A Graph Laplacian Eigenvector-based Pre-training Method for Graph Neural Networks
This work addresses a domain-specific problem for researchers and practitioners in graph machine learning, particularly in molecular property prediction, by offering an incremental improvement in pre-training methods for GNNs.
The paper tackles the challenge of pre-training graph neural networks (GNNs) to capture global and regional graph structure without oversmoothing, by proposing a Laplacian Eigenvector Learning Module (LELM) that predicts low-frequency eigenvectors of the graph Laplacian, resulting in improved performance on downstream molecular property prediction tasks.

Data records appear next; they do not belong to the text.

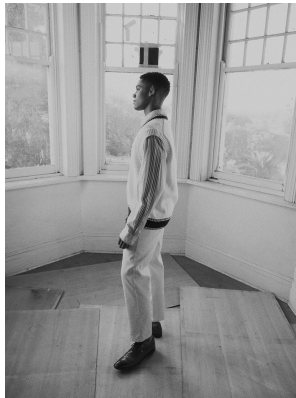

BOSS MODELS

JOHANNESBURG

DANTE TAMBO

Height: 183cm Chest: 102cm Waist: 85cm Shoe: 11 UK Hair: Brown Eyes: Brown

BOSS MODELS

JOHANNESBURG

DANTE TAMBO

Height: 183cm Chest: 102cm Waist: 85cm Shoe: 11 UK Hair: Brown Eyes: Brown
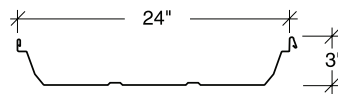

LokSeam®
Snap-Together System

ShadowRib™
Wall Panel

NuWall®
Wall Panel

Ultra-Dek®
Snap-Together System

Double-Lok®
Field Seamed System

	Signature® 300 & Signature® 300 Metallic		Galvalume® Plus		
	24 GA.	22 GA.	26 GA.	24 GA.	22 GA.
Artisan® Series					
8" Wide	■	■	●	●	●
10" Wide	■	■	●	●	●
12" Wide	■	■	●	●	●
BattenLok® HS					
12" Wide	■	■		●	●
16" Wide	■	■		●	●
LokSeam®					
12" Wide	■	■	●	●	●
16" Wide	■	■		●	●
18" Wide	■	■		●	●
NuWall®					
12" Wide	■	■	●	●	●
ShadowRib™					
16" Wide	■	■		●	●
SuperLok®					
12" Wide	■	■	●	●	●
16" Wide	■	■	●	●	●
Ultra-Dek®					
12" Wide	■	■	●	●	●
18" Wide	■	■	●	●	●
24" Wide	■*	■	●	●	●
Double-Lok®					
12" Wide	■	■		●	●
18" Wide	■	■		●	●
24" Wide	■*	■		●	●
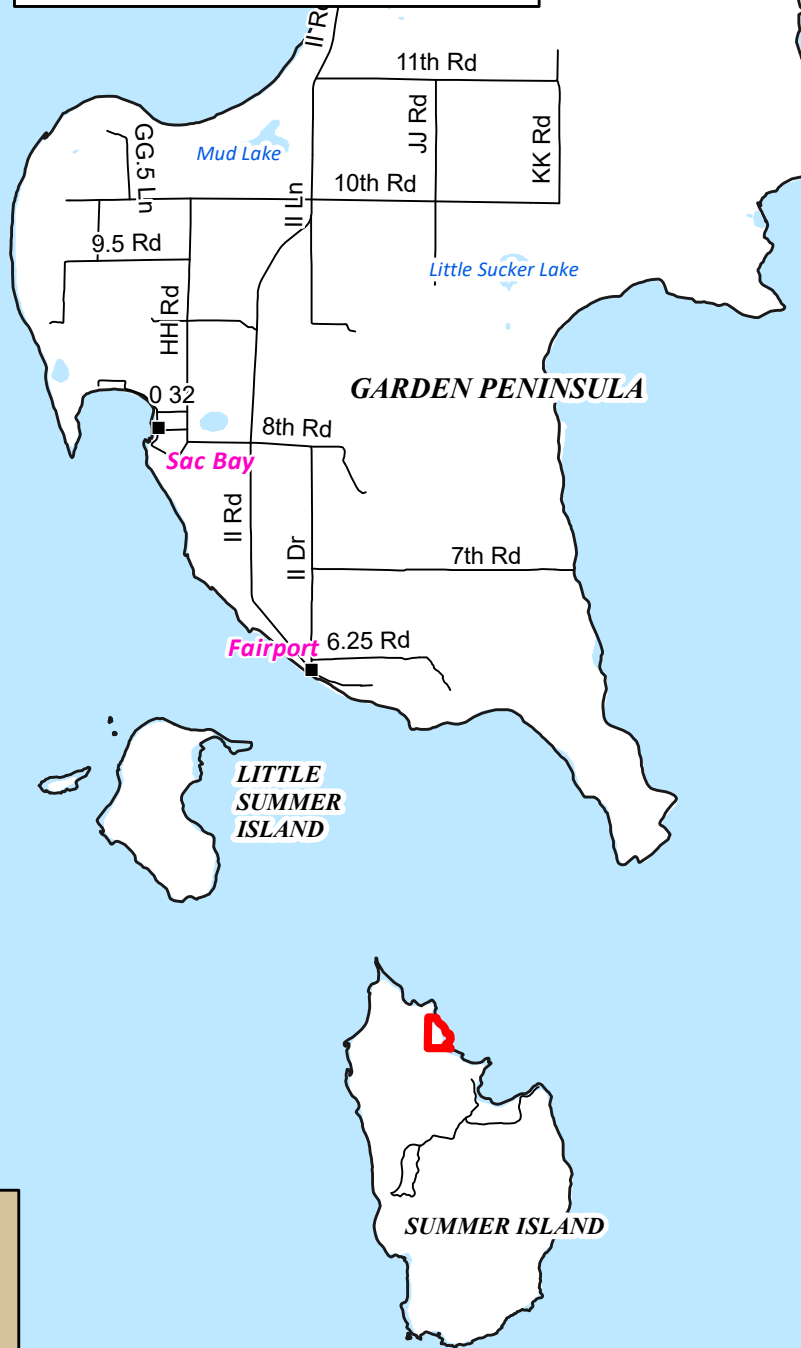

Summer Island  
Part of Section 22,  
T37N-R19W,  
Delta County, MI

**CLC LANDS™**  
& PRIVATE LAKES, INC.

### GENERAL LOCATION MAP

### Legend

 Property for Sale

Map Date: 11/27/2017

Map Scale: 1:100,000

*This map is intended for display and location purposes only. On the ground conditions may and will vary. CLC does not warrant the accuracy of this map and provides it as is.*

The development of self-supervised graph pre-training methods is a crucial ingredient in recent efforts to design robust graph foundation models (GFMs). Structure-based pre-training methods are under-explored yet crucial for downstream applications which rely on underlying graph structure. In addition, pre-training traditional message passing GNNs to capture global and regional structure is often challenging due to the risk of oversmoothing as network depth increases. We address these gaps by proposing the Laplacian Eigenvector Learning Module (LELM), a novel pre-training module for graph neural networks (GNNs) based on predicting the low-frequency eigenvectors of the graph Laplacian. Moreover, LELM introduces a novel architecture that overcomes oversmoothing, allowing the GNN model to learn long-range interdependencies. Empirically, we show that models pre-trained via our framework outperform baseline models on downstream molecular property prediction tasks.